Additionally, it would enable Airbus to find a home for some A350 production slots that were originally reserved for Russia’s Aeroflot but are currently vacant as a result of sanctions related to the conflict against Moscow.

On the other hand, China, this week delivered its first C919 airliner; analysts estimate that the country is at least ten years away from competing on this scale.

After Tata announced the merger of Air India and Vistara, a joint venture with Singapore Airlines, to form a larger full-service carrier and strengthen its position in domestic and international skies, the possible order was made just a few days later.

Tata now has a fleet of 218 aircraft, making Air India the largest international carrier in the nation and the second-largest domestic carrier behind IndiGo.

The maharajah mascot of Air India was originally associated with opulently decorated aircraft and first-rate service, but as financial difficulties grew in the mid-2000s, its reputation began to tarnish.

JRD Tata founded Air India in 1932, and it became a national carrier in 1953. After regaining control in January, Tata has been attempting to restore its standing as a premier airline.

The ranking reflects a goal to reclaim a sizable portion of travel between India’s sizable overseas diaspora and major cities like Delhi and Mumbai, which are dominated by foreign competitors like Emirates.

The 500 planes, which will be delivered over the following ten years, which will help India’s Prime Minister Narendra Modi achieve his aim of boosting the economy in India to $5 trillion by replacing and expanding fleets in the fastest-growing air travel sector in the world.
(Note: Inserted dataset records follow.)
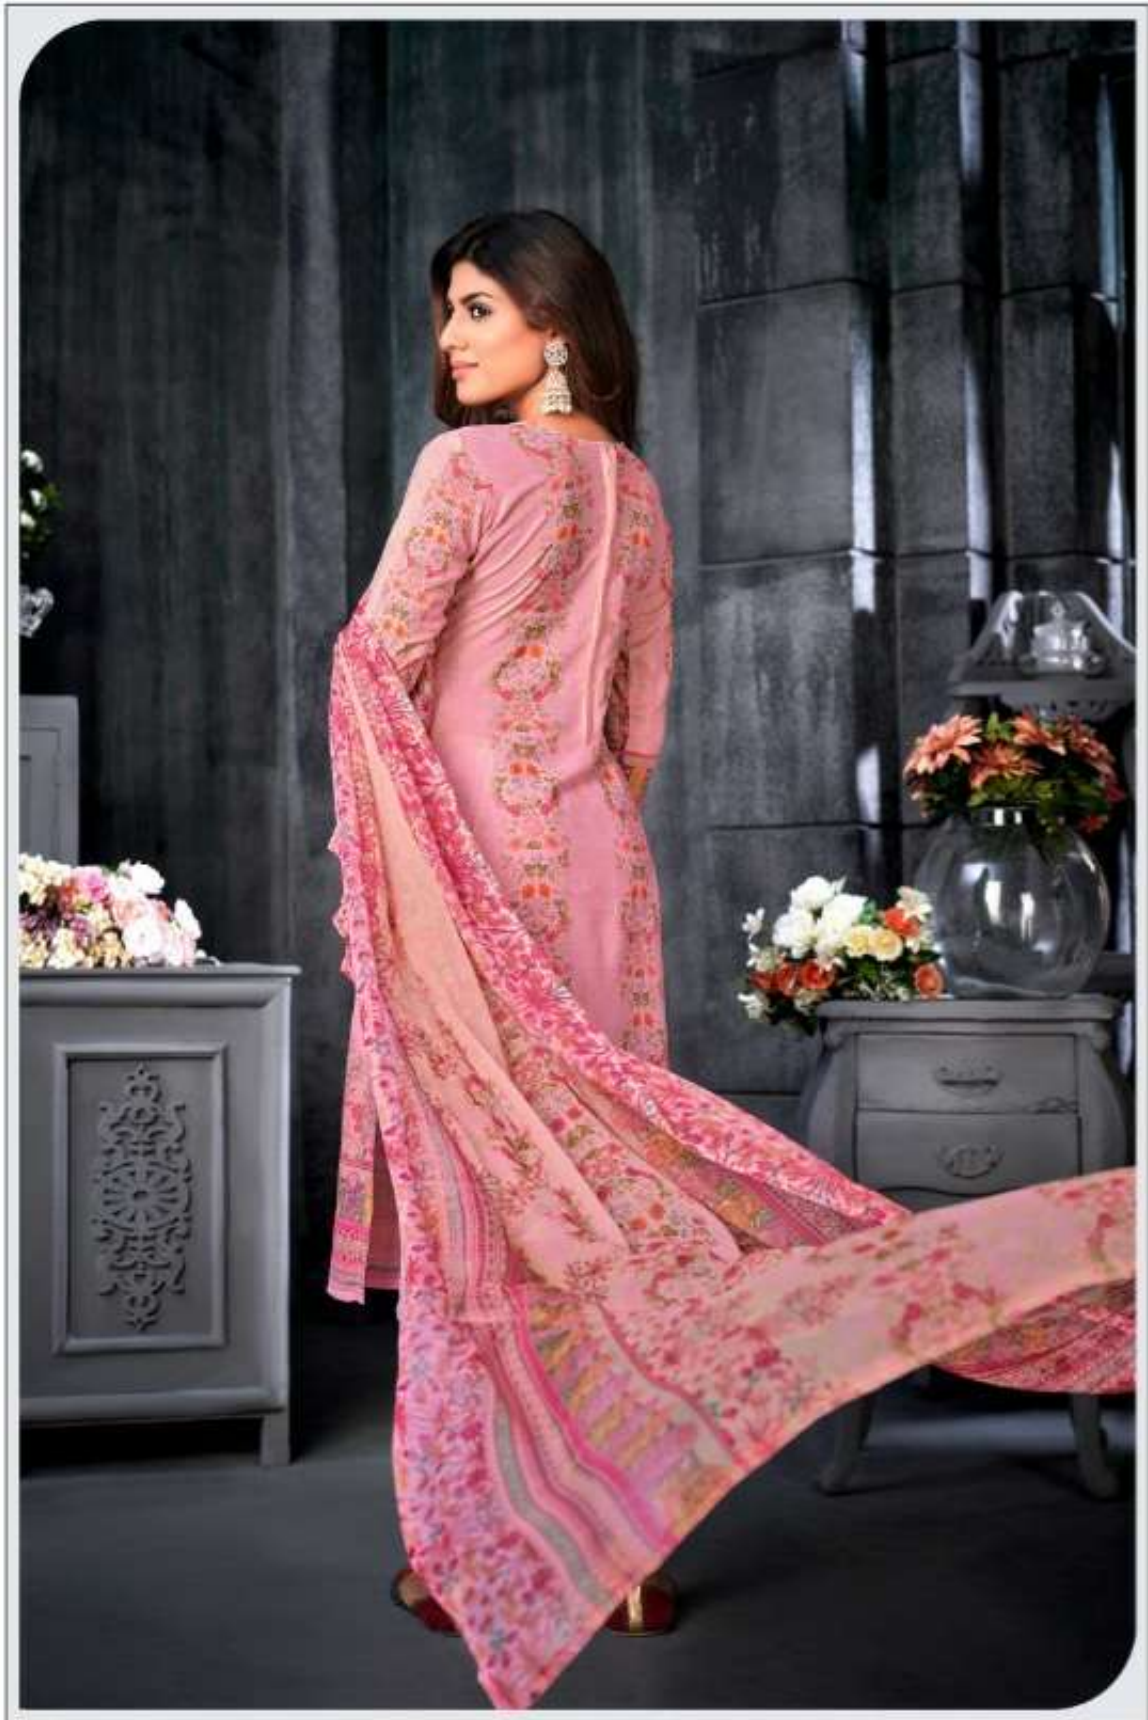

SKT
SUITS

RABIA
(Pure Dupatta)

63005

63007

63003

63004

63006

63002

63008

63001

63001

63002

63003

63004

63005

63006

However, experts caution that a number of obstacles, including weak domestic infrastructure, a lack of pilots, and the danger of fierce competition from established Gulf and other airlines, stand in the way of Air India’s aim to regain a significant worldwide position.

As the European aircraft manufacturer is sold out until 2028 or later, it might also have trouble getting the medium-haul Airbus A321neos bought for the Air India-Vistara partnership as swiftly as it would like.

According to a source in the industry, Air India Express, the company’s low-cost carrier, which may be given a new name, will most likely receive new Boeing 737 MAX aircraft.

According to insiders, aircraft and engine manufacturers have been knocking on Air India’s door for months, but the airline’s new CEO, Campbell Wilson, has refused to rush the decision, which could make or break its fleet.

In addition to a potential mixed order for smaller single-aisle aircraft, as per reports, Air India was taking extra time to research Airbus A350s and Boeing wide-body 787 and 777 planes.

At the risk of gross understatement, the investment will be substantial, Campbell stated last month that there are plans to “greatly expand” Air India’s fleet over the next five years.